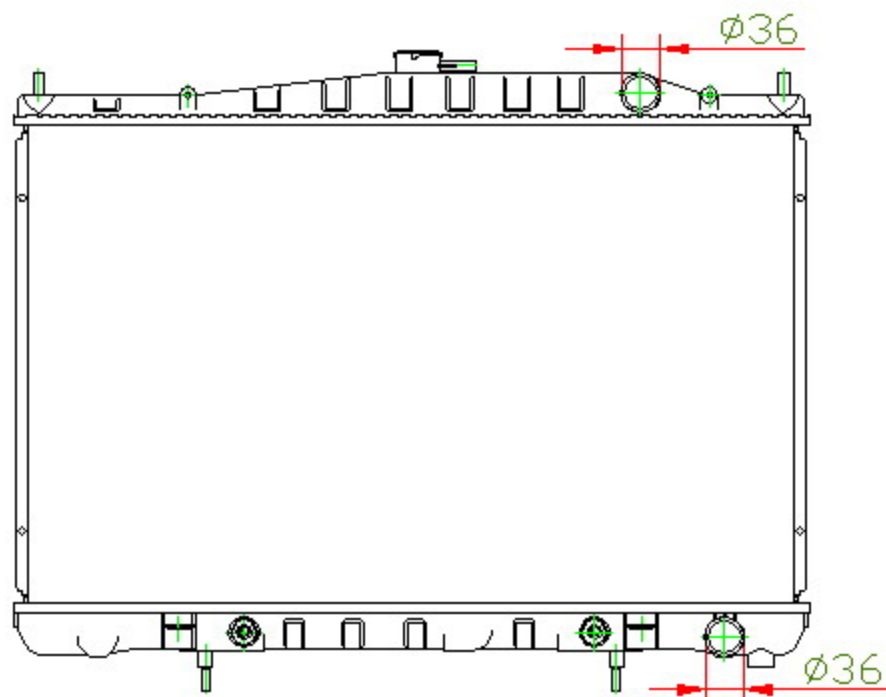

15060

CARTYPE: CEDRIC J30 AT

CORE SIZE: PC 430 x 698 x 32

CORE SIZE: PA 430 x 688 x 26

OEM: 21460-0P600, M2510

DPI:

CARTON: 73.5\*10\*64.5

TANK SIZE: 713\*47.5

OIL COOLER:300
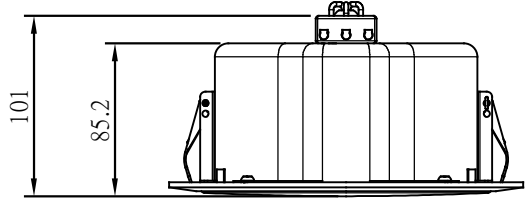

SPRING CLIP

SPRING CLIP

Ø190.0±5

CUTOUTS DIAMETER OF Ø190±5mm

Ø200.0

EDL-36TW	
	RB
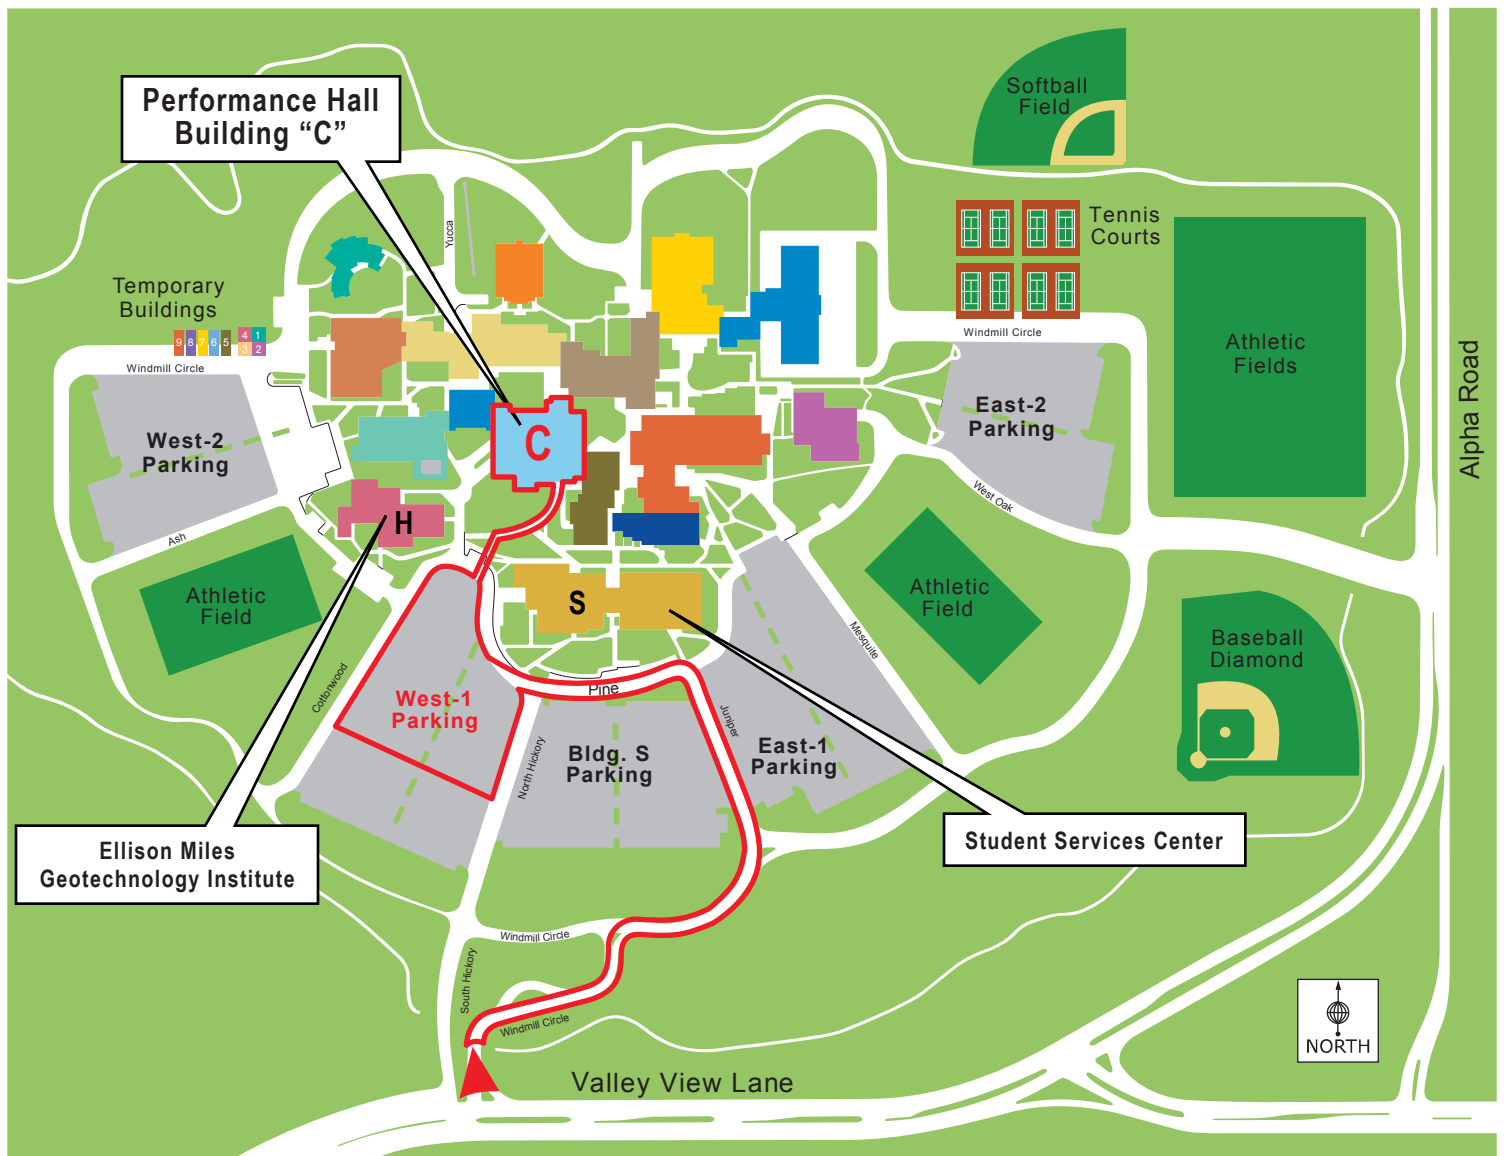

Water-Wise Landscape Seminars

Saturday, March 20, 2010 9 am to 5 pm

Brookhaven College

3939 Valley View Lane

Farmers Branch, TX 75244

Performance Hall (Building "C")

Lunch spots near Brookhaven College

This is not an inclusive list, there are other restaurants near by.

- 1) Luby's
- 2) Taco Bell
- 3) Wendy's
- 4) Saltlick Steakhouse
- 5) Subway
- 6) Pizza Hut
- 7) Burger House
- 8) Papa John's Pizza
- 9) McDonald's
- 10) Blue Goose Cantina
- 11) Olive Garden Italian Restaurant
- 12) Starbucks
- 13) Springcreek BBQ
════
## Task prompt
Now reproduce all of the entries precisely, with no pictures in the copy.

## Exercise result
15060

CARTYPE: CEDRIC J30 AT

CORE SIZE: PC 430 x 698 x 32

CORE SIZE: PA 430 x 688 x 26

OEM: 21460-0P600, M2510

DPI:

CARTON: 73.5\*10\*64.5

TANK SIZE: 713\*47.5

OIL COOLER:300

SPRING CLIP

SPRING CLIP

Ø190.0±5

CUTOUTS DIAMETER OF Ø190±5mm

Ø200.0

EDL-36TW	
	RB

Water-Wise Landscape Seminars

Saturday, March 20, 2010 9 am to 5 pm

Brookhaven College

3939 Valley View Lane

Farmers Branch, TX 75244

Performance Hall (Building "C")

Lunch spots near Brookhaven College

This is not an inclusive list, there are other restaurants near by.

- 1) Luby's
- 2) Taco Bell
- 3) Wendy's
- 4) Saltlick Steakhouse
- 5) Subway
- 6) Pizza Hut
- 7) Burger House
- 8) Papa John's Pizza
- 9) McDonald's
- 10) Blue Goose Cantina
- 11) Olive Garden Italian Restaurant
- 12) Starbucks
- 13) Springcreek BBQ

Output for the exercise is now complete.